Rather than attempt to coddle major Beltway and TV journalists, Mr. Romney and all Republican candidates would be better served by adopting an adversarial mindset and tone for the press. While remaining unfailingly courteous at all times, they should firmly and confidently challenge most every premise, and turn the blatant bias back on Leftist interlocutors. Taking the latest example, asking the press why they kept hammering Mr. Romney's criticism of a statement by the U.S. Government that the White House itself disavowed hours later, and then ignored obvious misjudgments and mis-statements concerning a terrorist attack that left four Americans dead, would be a great place to start. More broadly, Republicans from Mr. Romney on down should demand the press start asking questions of President Obama that never seem to get asked. The mere fact that they begin to do this would force some of the media to recoil, or at least be more circumspect, leading to better behavior from some. And it would be instructive for millions of voters in any case, as well as a rallying point for those interested in propagation of the truth.

In the end, there are two types of people who run for President: those who want to be President, and those who want to do something. For example, Ronald Reagan and Barack Obama have the latter trait in common: they ran for high office as archetypal conviction politicians, determined to implement their deeply-held policy vision for an America they deemed in need of change. In the next five weeks we'll finally find out, perhaps, if Mitt Romney can also claim this mantle. In one sense, five years into his quest for the Oval Office, the mere fact the question needs asking is itself the answer. And that's the biggest problem of all for the Romney campaign.

But frankly, it's irrelevant at this point, as Mitt Romney is the last roadblock between the United States' status as a high-growth economy and reversion to a welfare state, with all its attendant shortcomings led by a lower standard of living.

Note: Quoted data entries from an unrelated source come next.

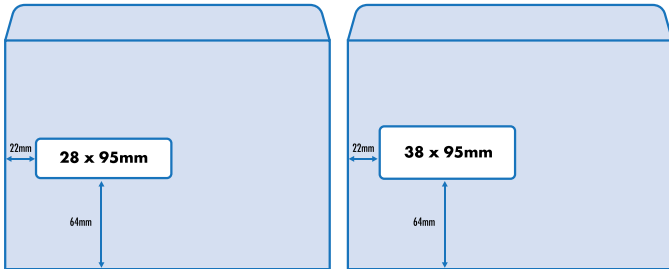

# WINDOW SIZES AND POSITIONS

## STANDARD WINDOW SIZE      BARCODE WINDOW SIZE

### C5 (162 x 229mm) Booklet Mailers

### C4 (229 x 324mm) Booklet Mailers
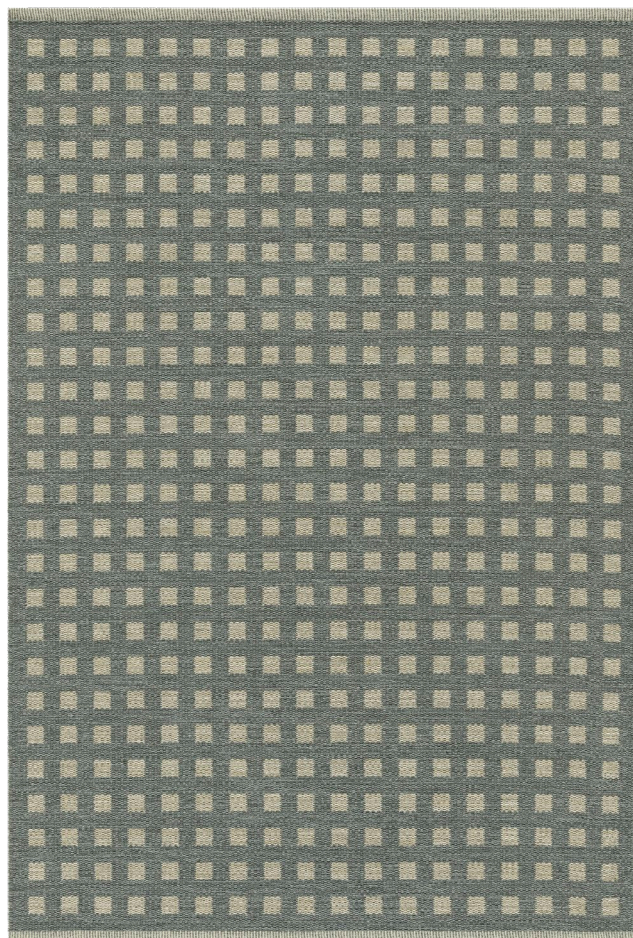

KASTHALL

SUGAR CUBE ICON
GUNILLA LAGERHEM
ULLBERG / KASTHALL
DESIGN STUDIO

PRODUCT SPECIFICATIONS SUGAR CUBE ICON

Sugar Cube, an elegant and contemporary Arkadpattern. Originally a design of the Kasthall's Arkad family, Sugar Cube Icon is a woven rug in pure wool. As the name describes, the pattern takes the shape of a sugar cube. A bright square surrounded by a contrasting color that creates an elegant, clear, and contemporary pattern. Now available in five soft and warm colors, all inspired by nature's fantastic color variations.

PRODUCT TYPE: Woven rug in pure wool

WEFT MATERIAL: 100% wool

WARP MATERIAL: 100% linen

TOTAL HEIGHT: approx. 7 mm

TOTAL WEIGHT: approx. 2310 g/m²

SIZE: Suggested sizes; 85x240 cm, 135x200 cm, 160x240 cm, 195x300 cm, 240x350 cm, 290x400 cm, 340x450 cm.

SUGAR CUBE ICON

Design GUNILLA LAGERHEM ULLBERG/KASTHALL DESIGN STUDIO
Woven rug in pure wool

Rye Beige 884

Slate blue 588

Misty Green 885

Yellow Ocher 484

Dark Verona 382

Rug 160x240 cm, Rye Beige 884
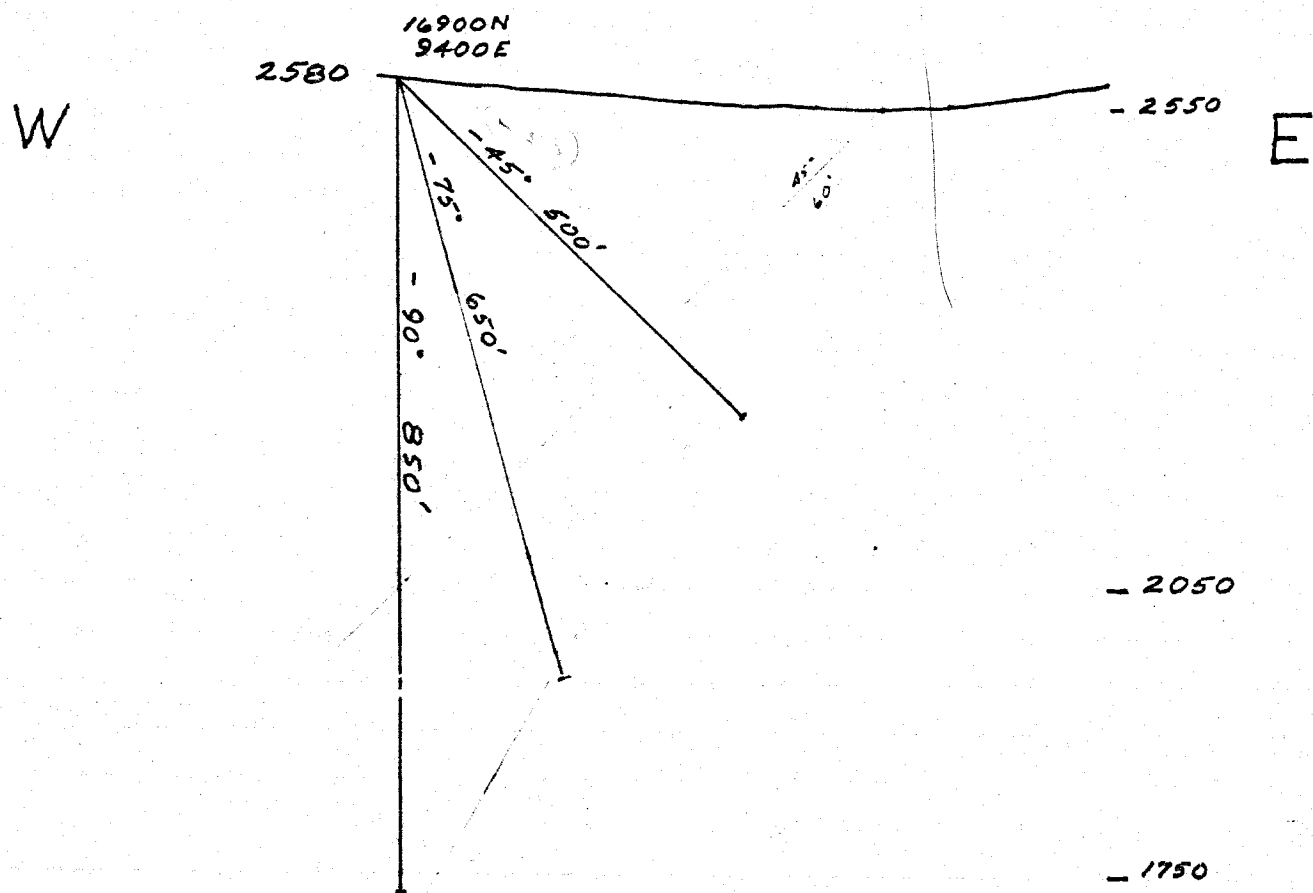

PROPOSED TANTALUS BUTTE DIAMOND DRILLING

3  
40  
27  
23  
40  
21  
21  
25  
15

1" = 200'  
July 20/76  
M.A.H. 1/3

PROPOSED TANTALUS BUTTE DIAMOND DRILLING

1" = 200'  
July 20/76  
3/54

PROPOSED TANTALUS BUTTE DIAMOND DRILLING

1" = 200'  
July 20/76  
MBA
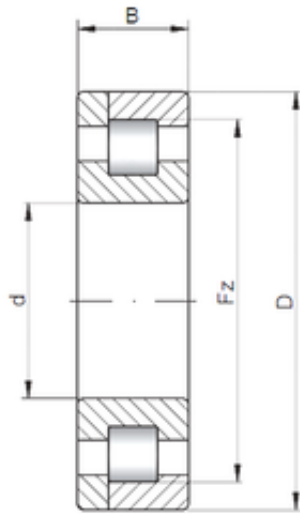

OMF Heavy Bearing Manufacturing Co.,Ltd

ISO NP2238 cylindrical roller bearings

Bearing No. NP2238

Size	190x340x92 mm
Bore Diameter	190 mm
Outer Diameter	340 mm
Width	92 mm
d	190 mm
D	340 mm
B	92 mm
C	92 mm

NP2238 Bearing 2D drawings and 3D CAD models
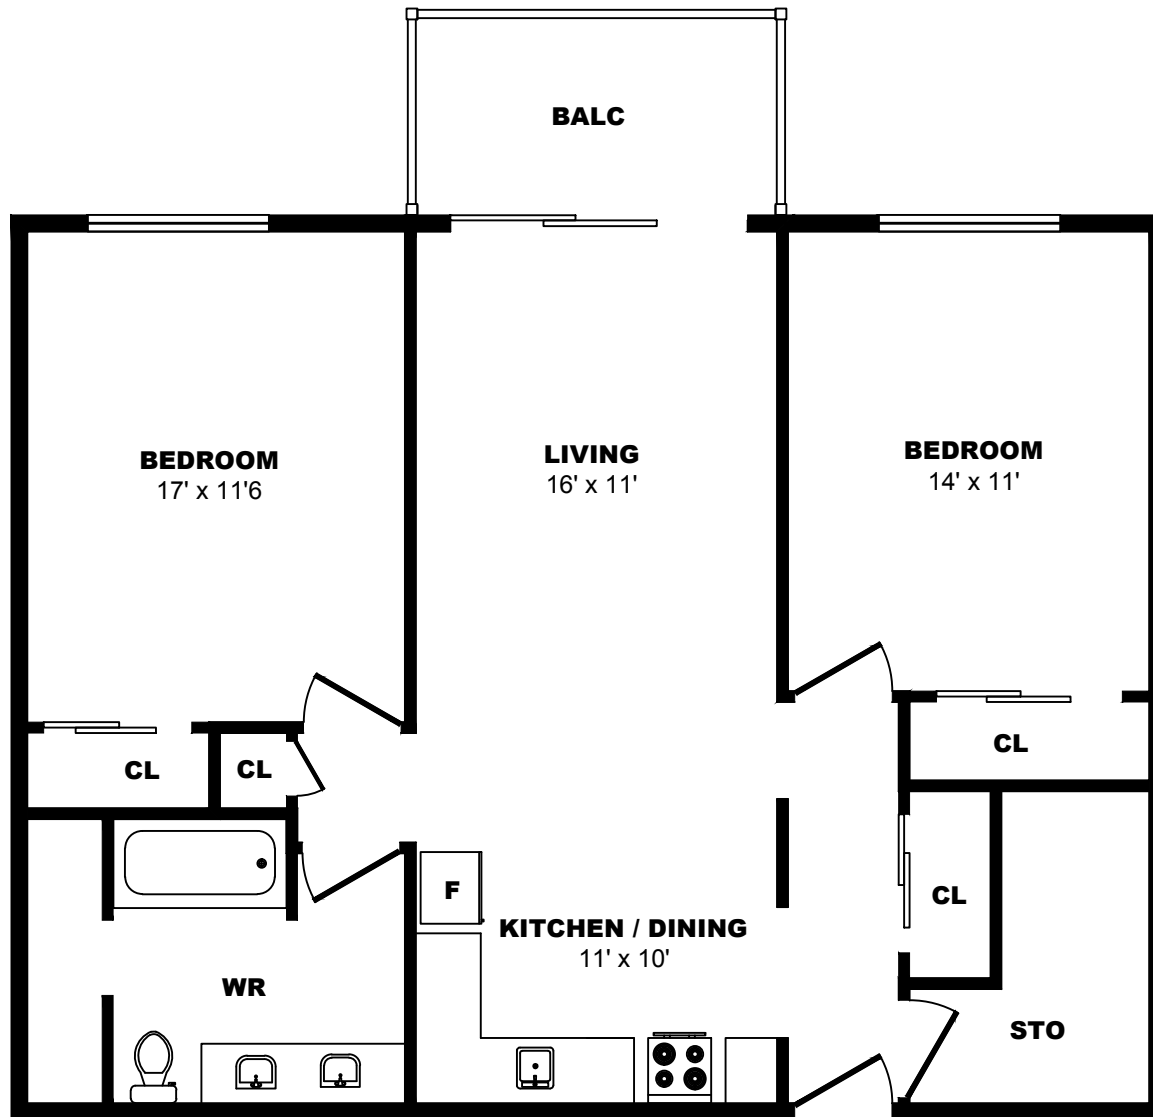

900 Rue Laudance, Quebec City - 1 Bdrm D, 690sf

All dimensions are approximate. Sizes and specifications are subject to change without notice E. & O. E.
All illustrations are artist's concept. Actual usable floor space may vary slightly from stated floor area.

900 Rue Laudance, Quebec City - 1 Bdrm E, 730sf

All dimensions are approximate. Sizes and specifications are subject to change without notice E. & O. E.
All illustrations are artist's concept. Actual usable floor space may vary slightly from stated floor area.

900 Rue Laudance, Quebec City - 1 Bdrm F, 630sf

All dimensions are approximate. Sizes and specifications are subject to change without notice E. & O. E.
All illustrations are artist's concept. Actual usable floor space may vary slightly from stated floor area.

900 Rue Laudance, Quebec City - 2 Bdrm A, 980sf

All dimensions are approximate. Sizes and specifications are subject to change without notice E. & O. E.
All illustrations are artist's concept. Actual usable floor space may vary slightly from stated floor area.

Complaints have abounded in recent weeks, calling for Governor Romney to better specify and detail his case for election. If nothing else that's good practical advice, because his current tactic of propounding vague generalities while touting his resume is not working. And, implicit reliance on being the candidate not named Obama is hardly big enough for this historic moment, even if it could work. Worse, the theme of being the candidate most dedicated to sustainable prosperity has always been one available only to Governor Romney, and it is a minor scandal that he has so far, even post-Paul Ryan, shied away from unambiguously claiming it as his own (though it's never too late to do the right thing, fortunately).

Mr. Romney has the resources and the time to turn everything in his favor, and still faces a very beatable candidate whose record is one of failure. But for all the reasons above, a new strategy is called for now, and that is something a former Bain & Company executive ought to understand very well.

 

John Chapman is an economist and merchant banker at Hill & Cutler Co. in Washington, D.C.